The Individual Coverage Health Reimbursement Arrangement (ICHRA) is the newest and most flexible HRA model available. It lets employers forego one-size-fits-all traditional group health plans in favor of reimbursing employees for an individual health insurance plan of their choice. Employers can enhance tax-saving benefits by pairing the ICHRA and a Section 125 cafeteria plan, so that employees choosing off-exchange plans may use pre-tax dollars to make up any portion of their health insurance premium not covered by the ICHRA.
Can an ICHRA participant deduct the unfunded balance of their individual health plan from their paycheck via a Section 125 POP plan?

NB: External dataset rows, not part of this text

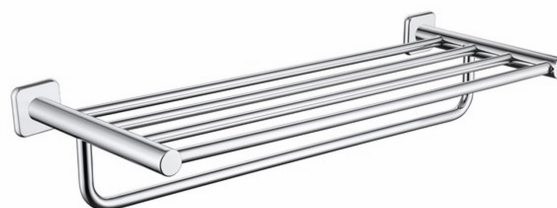

Полка для полотенец с держателем
- размер: 620x227x145 мм
- цвет: хром

Арт. KH-1709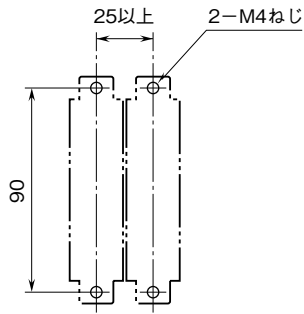

**外形図**

3.4 kHz 用  
テレメータ用避雷器

特記事項

外形寸法図 (単位: mm)

■ 標準形

■ DINレールアダプタ付

## 取付寸法図 (単位: mm)

## 端子接続図

### ■4線式の場合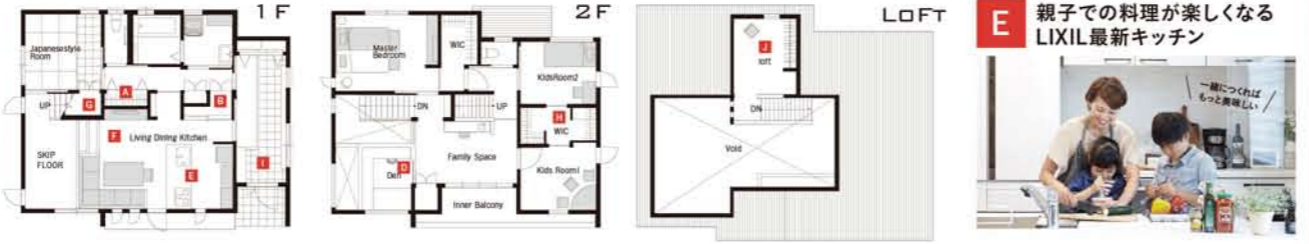

アイフルホームの新提案

新商品誕生フェア

子どももオトナもワクワクする暮らし。

家事や子育てを楽しくさせる工夫で家族の時間がふやせるから、共働きでも安心して暮らせます！

A ぱっと支度、さっと片づけ。部屋はいつでもすっきり整頓

B 料理がスムーズにはかどる。どっちからもパントリー

C 洗濯のストレスを軽くするファミリースペース

D まるでツリーハウスのような浮かぶ隠れ家空間

F 食事のあともゆったり過ごせるソファダイニング

G 子ども目線で安心キッズセーフティ

H 兄妹で使える仲良しクローゼット

I 家族用とお客様用に分かれた広い玄関

J ママのお気に入りの集めたクローゼット

こんなにいい家がお求めやすい秘密はここ！

ヒミツ 1 FCシステムで無駄を排除
資材一括購入 中間マージンなし！ 本部 加盟店

ヒミツ 2 LIXILグループでお得！
LIXIL 最新設備をお得な価格でいち早く標準装備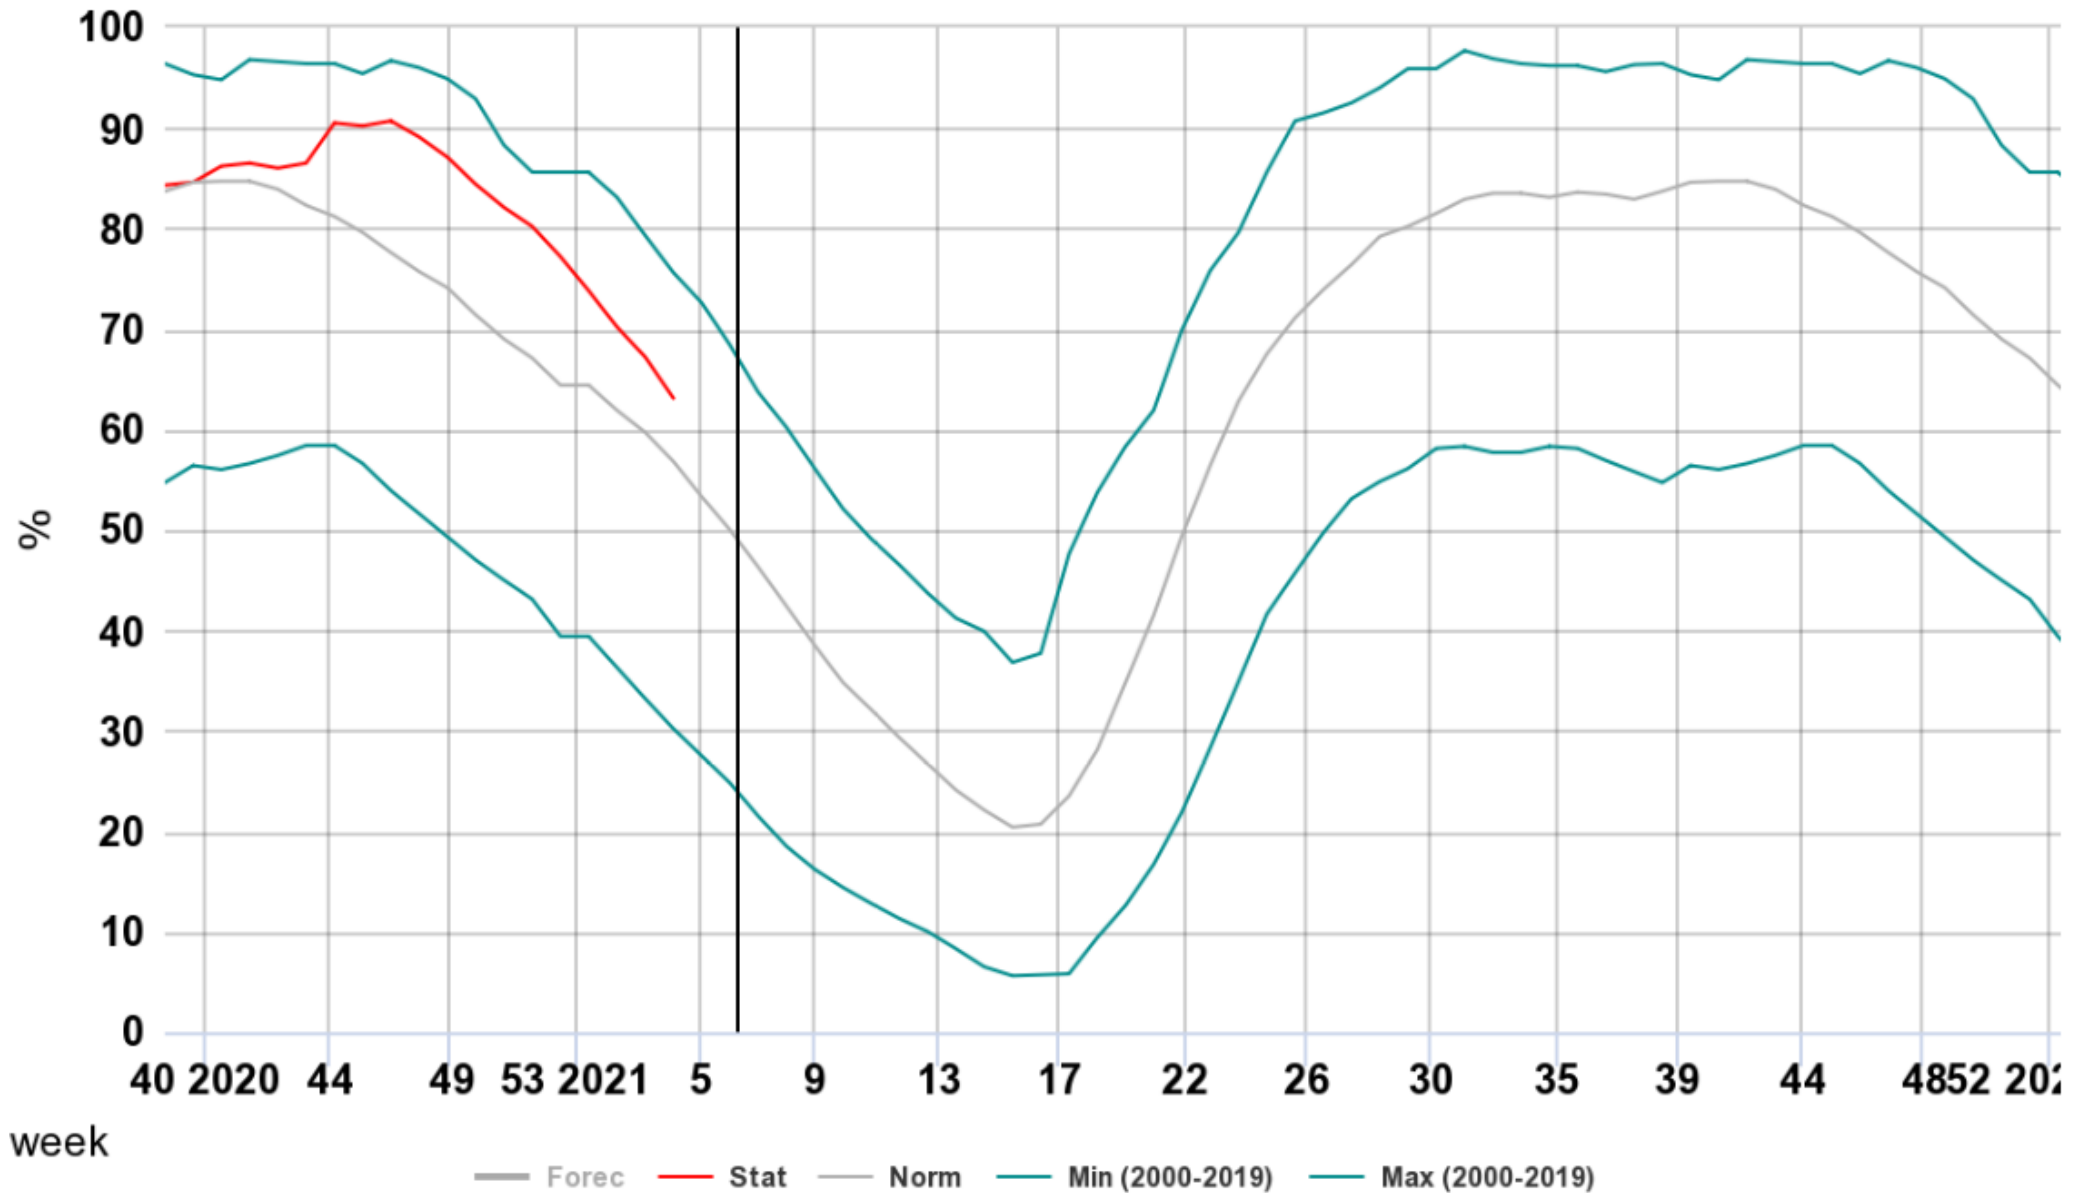

Entelios – a part of Agder Energi

Hvor lang er en vinter ...

Systempris Norden

Litt høyere nivå enn forrige uke

Mindre ressurser enn normalt i Norden

Water Reservoir NOR Percent

upd. 08.Feb 14:23 | Copyright 2000-2021 © SKM

Water Reservoir SE Percent

upd. 08.Feb 14:23 | Copyright 2000-2021 © SKM

Consumption Nord Pool (NSFD)

upd. 10.Feb 10:45 | Copyright 2000-2021 © SKM

Yes, the employee can deduct the remaining balance of their individual health plan pre-tax if the employer offers a Section 125 POP (Premium Only Plan). This will offer both the employer and employee tax savings. As described in additional detail in these FAQs, this only works for off-exchange individual health plans. An employer can also offer supplemental benefits, such as group dental insurance, that will be paid with pre-tax salary deductions through the Section 125 cafeteria plan.
Mandi Jarvis Agency LLC does not offer legal tax advice. Please consult with a tax attorney for in-depth questions related to how employer health insurance reimbursement arrangements may or may not affect your taxes.